EXERCISE GOAL: Please state how many lines of the records below contain the word "watch". Give the number and nothing else.
[RECORDS FOR THE TASK]
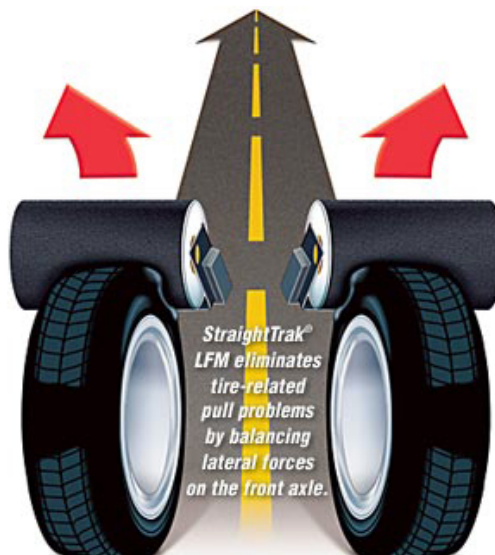

## HUNTER ROADFORCE BALANCING INCLUDED

NOT YOUR NORMAL BALANCING: TAKE A LOOK AT VIDEO:

<https://www.youtube.com/watch?v=cUQkBLyBUk>

(includes Road Tests, Road Roller, Perfection, Non-Uniformity, New Car Ride. Wheel Balance, Tire Road Force, Rim Eccentricity Measurement, Tire Pull Lateral, Force Measurement)

## StraightTrak®

<https://www.youtube.com/watch?v=9uqBWhLZbic>

**A \$160 VALUE**

=====

**BUY IT HERE, WARRANTY IT HERE! NO NONSENSE WARRANTY**

INCLUDES INSTALLATION & BALANCE OF TIRES ON THE RIMS, \$35 IF YOU WOULD LIKE US TO MOUNT THIS PACKAGE ON YOUR VEHICLE
[/RECORDS FOR THE TASK]
OUTPUT: 2